■ DESCRIPTION OF THE TASK
Using the records below, write out again exactly the lines that begin at the line containing "- puissance : 9,5" and end at the line containing "Accessoire: support de", and no other lines.
[[ DATA FOR THIS EXERCISE, beginning ]]
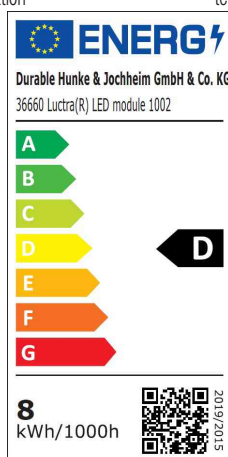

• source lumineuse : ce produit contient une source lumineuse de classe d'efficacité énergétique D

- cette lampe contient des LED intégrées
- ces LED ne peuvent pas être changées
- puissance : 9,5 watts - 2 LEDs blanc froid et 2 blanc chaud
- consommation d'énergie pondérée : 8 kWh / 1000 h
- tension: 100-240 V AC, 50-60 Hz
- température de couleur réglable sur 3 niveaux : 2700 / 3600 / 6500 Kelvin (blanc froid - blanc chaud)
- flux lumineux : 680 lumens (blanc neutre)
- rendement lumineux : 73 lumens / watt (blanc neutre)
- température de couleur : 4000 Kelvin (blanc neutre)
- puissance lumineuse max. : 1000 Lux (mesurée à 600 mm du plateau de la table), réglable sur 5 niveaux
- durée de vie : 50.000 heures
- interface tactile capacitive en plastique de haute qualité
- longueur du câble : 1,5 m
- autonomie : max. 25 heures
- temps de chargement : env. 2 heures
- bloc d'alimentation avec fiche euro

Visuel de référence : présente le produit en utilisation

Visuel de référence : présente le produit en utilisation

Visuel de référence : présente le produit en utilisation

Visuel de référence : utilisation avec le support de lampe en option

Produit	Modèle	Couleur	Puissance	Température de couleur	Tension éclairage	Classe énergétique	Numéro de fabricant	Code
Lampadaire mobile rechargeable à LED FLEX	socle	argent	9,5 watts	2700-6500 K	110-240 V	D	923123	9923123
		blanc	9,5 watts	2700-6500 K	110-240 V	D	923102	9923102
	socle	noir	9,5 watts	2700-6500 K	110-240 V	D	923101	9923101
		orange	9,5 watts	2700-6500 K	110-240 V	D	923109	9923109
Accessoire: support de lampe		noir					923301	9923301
[[ DATA FOR THIS EXERCISE, end ]]
[[ DATA FOR THIS EXERCISE, beginning ]]
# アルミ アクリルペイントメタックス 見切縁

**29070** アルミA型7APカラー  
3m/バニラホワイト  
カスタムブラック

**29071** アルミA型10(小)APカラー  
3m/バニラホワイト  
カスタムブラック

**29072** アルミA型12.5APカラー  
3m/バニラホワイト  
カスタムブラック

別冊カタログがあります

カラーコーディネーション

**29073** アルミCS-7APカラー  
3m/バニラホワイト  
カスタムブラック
[[ DATA FOR THIS EXERCISE, end ]]
■ SOLUTION TO THE PROBLEM
- puissance : 9,5 watts - 2 LEDs blanc froid et 2 blanc chaud
- consommation d'énergie pondérée : 8 kWh / 1000 h
- tension: 100-240 V AC, 50-60 Hz
- température de couleur réglable sur 3 niveaux : 2700 / 3600 / 6500 Kelvin (blanc froid - blanc chaud)
- flux lumineux : 680 lumens (blanc neutre)
- rendement lumineux : 73 lumens / watt (blanc neutre)
- température de couleur : 4000 Kelvin (blanc neutre)
- puissance lumineuse max. : 1000 Lux (mesurée à 600 mm du plateau de la table), réglable sur 5 niveaux
- durée de vie : 50.000 heures
- interface tactile capacitive en plastique de haute qualité
- longueur du câble : 1,5 m
- autonomie : max. 25 heures
- temps de chargement : env. 2 heures
- bloc d'alimentation avec fiche euro

Visuel de référence : présente le produit en utilisation

Visuel de référence : présente le produit en utilisation

Visuel de référence : présente le produit en utilisation

Visuel de référence : utilisation avec le support de lampe en option

Produit	Modèle	Couleur	Puissance	Température de couleur	Tension éclairage	Classe énergétique	Numéro de fabricant	Code
Lampadaire mobile rechargeable à LED FLEX	socle	argent	9,5 watts	2700-6500 K	110-240 V	D	923123	9923123
		blanc	9,5 watts	2700-6500 K	110-240 V	D	923102	9923102
	socle	noir	9,5 watts	2700-6500 K	110-240 V	D	923101	9923101
		orange	9,5 watts	2700-6500 K	110-240 V	D	923109	9923109
Accessoire: support de lampe		noir					923301	9923301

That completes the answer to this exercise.